In 48 hours the compost mass ripens. Nevertheless, it still contains a wide variety of particles and fragments which biothermal treatment leaves unchanged. In order to dispose them the mass is sifted through giant sieves, where the material processed in the biothermal drums is separated into compost and ballast. Now the main thing is to get rid of glass fragments – enemy number one of compost. Obviously, fertilizer containing glass fragments cannot be introduced into soil.However, if they are reduced to the size of grains of sand and rolled smooth, they can no longer harm the roots of future plants.

To this end, all the material sifted through the giant sieves goes into a vertical shaft in which it gets into an upward air current. The light particles – mostly organic – are carried off. The particles of glass and ceramics which are left go to thegrinding zone.

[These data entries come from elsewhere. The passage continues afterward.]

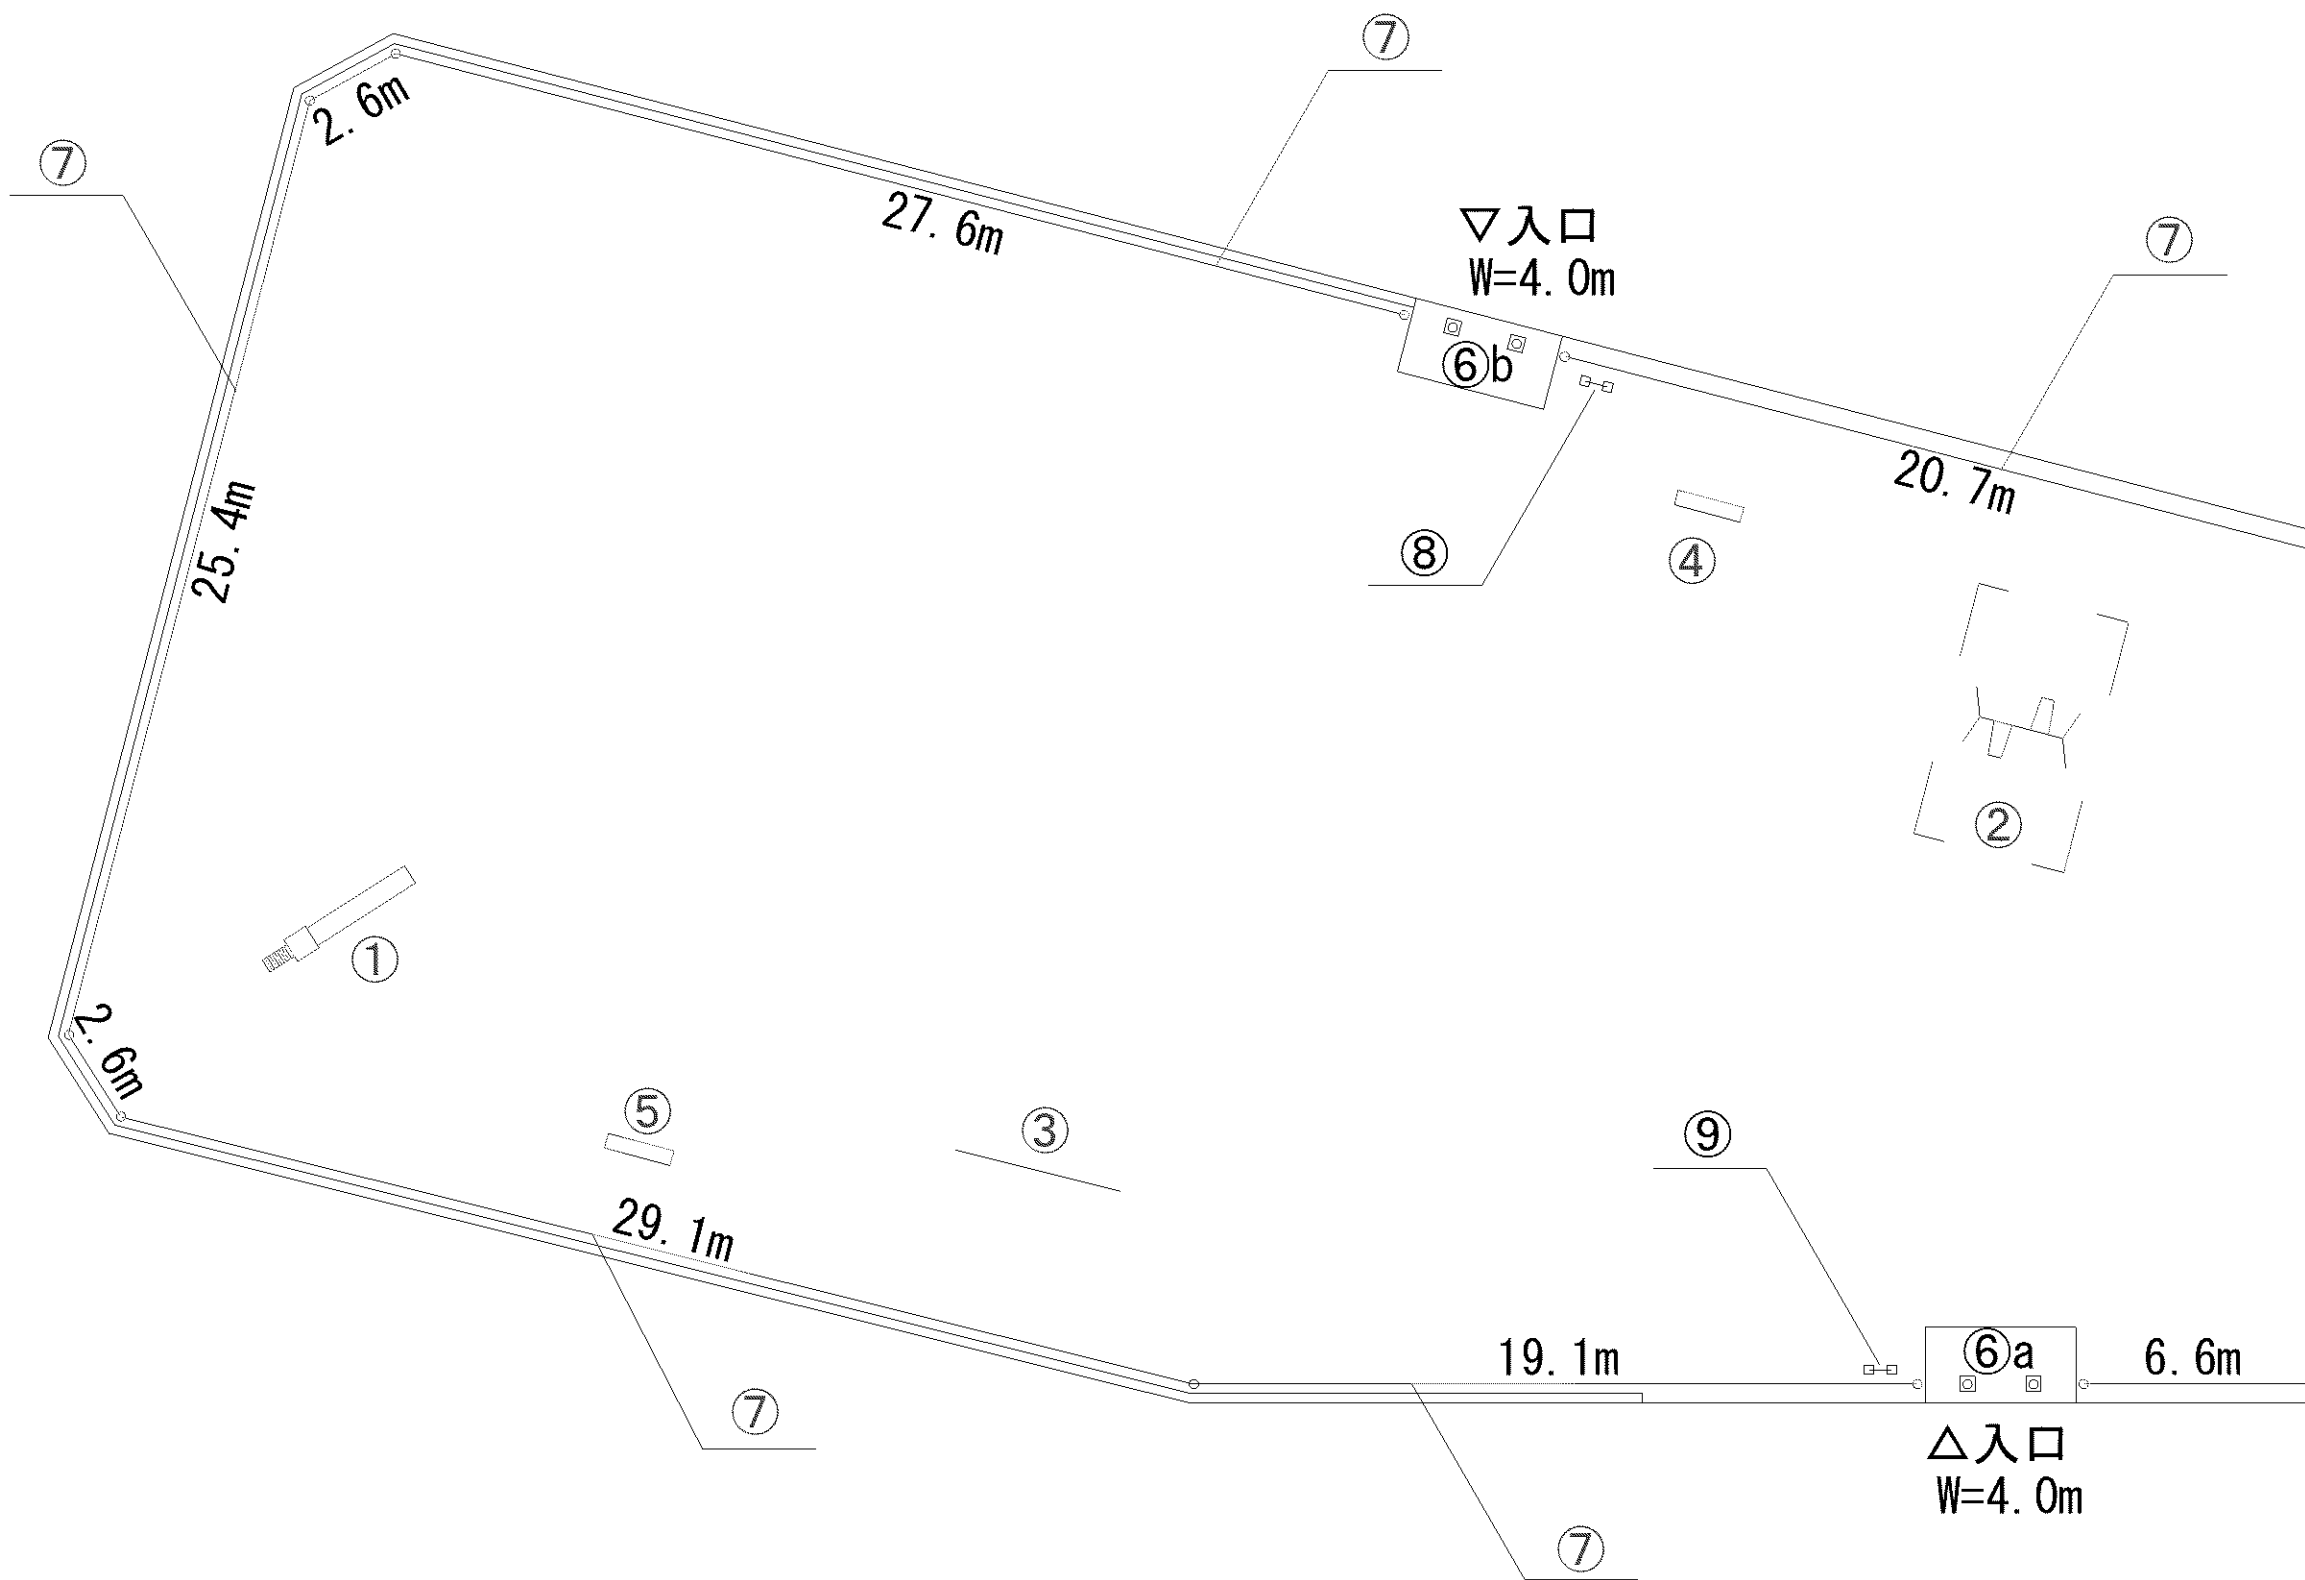

記号	名称
1	大一流型滑り台
2	大型2人用ブランコ (安全柵 両側)
3	3間中铁棒
4	背無ベンチ1
5	背無ベンチ2
6	車止 (a, b)
7	柵1 (H=0.8)
8	園名板1
9	園名板2

The ballast which fails to pass through the sieve - rubber, plastics and wood fragments had to be taken back to the garbage dumps, and this type of refuse accounts for almost a quarter of all domestic waste. Now even this ballast is processed – by pyrolisis, or the thermal disintegration of complex substances into simpler ones. As a result valuable products are obtained, such as fuel gas, bituminous resins and solid carbonaceous compounds, which in our day find broad application as graphite substitute in metallurgy.

The plant’s final and main product is compost. It looks like ordinary earth. In fact, it is a biologically active substance which can be used far more effectively than an ordinary fertilizer. Due to a high temperature it is possible to employ it as a biological fuel to heat the soil in hot-houses. The compost’s biological energy is sufficient to grow two crops. After that, it can be transformed to open ground as an ordinary fertilizer.

The Leningrad plant was the Soviet Union’s first enterprise which almost wholly restores to the nationaleconomy what is contained in city dumps. Not only does it pollute the environment in any way, it does not even consume water on its technological requirements.